Герцог Бургундский, графы Суассонский и Артуасский, магистр ордена госпитальеров Гийом де Шатонеф и магистр ордена тамплиеров Гийом де Соннак вместе с другими влиятельными баронами и рыцарями предлагали королю воспользоваться ужасом, охватившим мусульман, и действовать как можно быстрее, чтобы захватить столицу Египта. Архиепископ де Бове поддерживал их, напоминая королю, как испортила воинов долгая зимовка на Кипре, когда они забыли о своем долге перед Христом и предались распутству.
Король же, поддерживаемый герцогом Анжуйским и остальными, хотел дождаться своего брата Альфонса Пуатьерского, который должен был прибыть в августе с подкреплением, во главе дворянского ополчения Французского королевства. Кроме того, на нескольких кораблях, прибывших за эти дни в Дамьетту, приехали рыцари из многих стран, в том числе группа из девяти английских рыцарей, и это казалось королю хорошим знаком: он надеялся, что к ним присоединится еще сотня-другая воинов.
Решительность короля преодолела сопротивление баронов, только когда к нему прибыли послы от султана и передали, что султан Негем-эд-дин вызывает Людовика на сражение 25 июня. Король принял вызов, и воины стали ждать конца месяца, чтобы отправиться на сражение.
Рыцари-англичане поселились возле Гийома Длинного Меча, который быстро нашел с ними общий язык. Вадик теперь частенько пропадал в их компании и разбил даже рядом свой шатер, где иногда оставался ночевать, если они с рыцарями напивались до чертиков. За двадцать дней, что отделяли нас от 25 июня, армия крестоносцев превратилась в скопище праздных безумцев, которые от бездействия и жары устраивали постоянные беспорядки. Король пытался найти им занятие: посылал их на разведку, организовывал ремонт стен города и башен – но это не спасало положения.
Нам тоже было совершенно нечем заняться, и мы все ждали, когда же вернутся Август и Вельф, чтобы забрать нас из этого сумасшедшего дома. Как только военные действия утихли, я вновь начала донимать отца Джакомо тем, что хочу развода. Мне нужно было торопиться и успеть до 25 июня, потому что потом Висконти и король с архиепископом уедут из Дамьетты. Но уговорить архиепископа де Бове было совершенно невозможно. Если на Кипре он вызывал меня к себе каждые три дня, то теперь старательно избегал встреч, словно надеялся таким образом уничтожить мою решительность. Зато активизировался Висконти: он приходил во дворец каждый божий день и требовал, чтобы я с ним поговорила.
Первое время я отказывалась принимать его, потому что боялась, хоть и не хотела себе в этом признаться. После его нападения на Кипре при одной мысли о нем волосы дыбом вставали на моей голове.
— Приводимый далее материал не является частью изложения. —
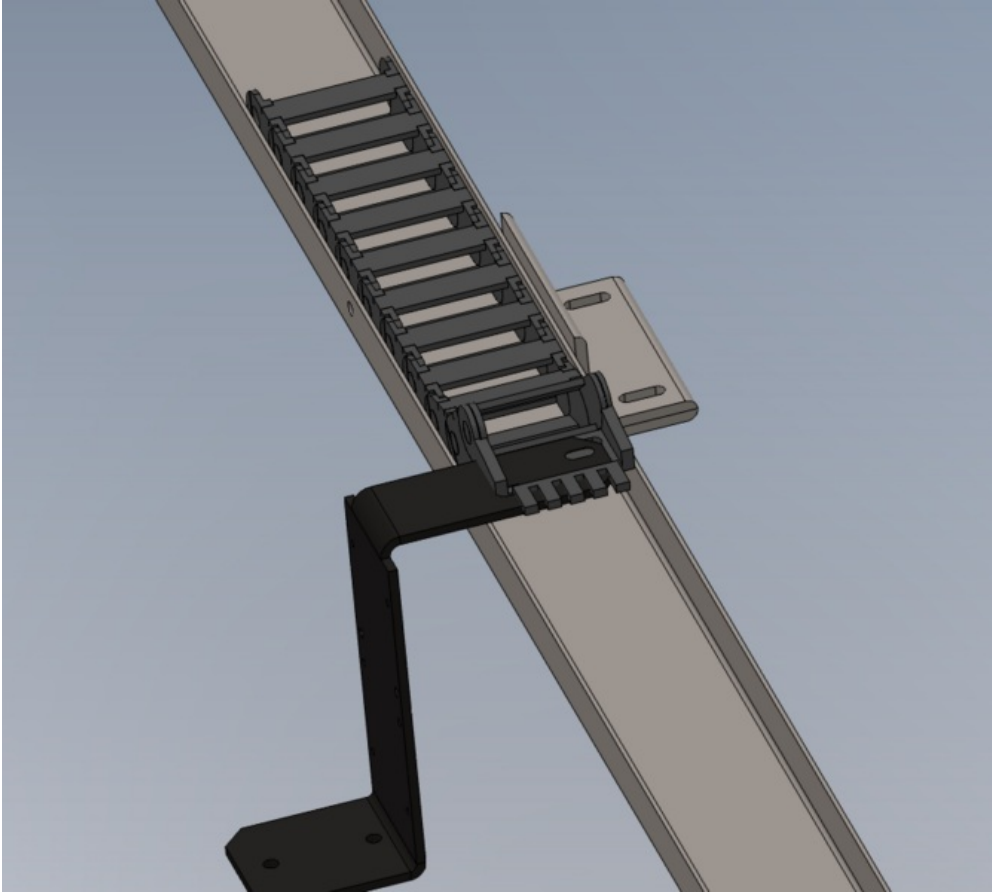

Fichier:R0015255 Mount Assemblies to Main Frame Screenshot 2023-07-13 112957.png



R0015255_Mount_Assemblies_to_Main_Frame_Screenshot_2023-07-13_112957

Horizontal resolution	37.79 dpc
Vertical resolution	37.79 dpc

К тому же мы жили в совершенно неприемлемых для визитов помещениях – наши три небольшие спальные комнаты выходили в одну большую, которая отделялась от коридора лишь широкой решетчатой дверью. Мы пришли к выводу, что в этих комнатах, должно быть, жили жены или наложницы султана, за которыми присматривали через решетку евнухи. Зная об этом, королева сказала мне, что я в любое время могу воспользоваться небольшой залой и принимать там своих гостей, но я не спешила никого приглашать. Граф де ла Марш поправлялся медленно и только недавно начал вставать с постели, мне можно было посещать его вместе с отцом Джакомо и Катей, но одна к нему я ходить не рисковала. С герцогом Бургундским мы тоже виделись мало – он патрулировал окрестности со своими рыцарями, не давая им впасть в леность и праздность, и только вечерами приходил во дворец, чтобы развлечь дам беседой и музыкой.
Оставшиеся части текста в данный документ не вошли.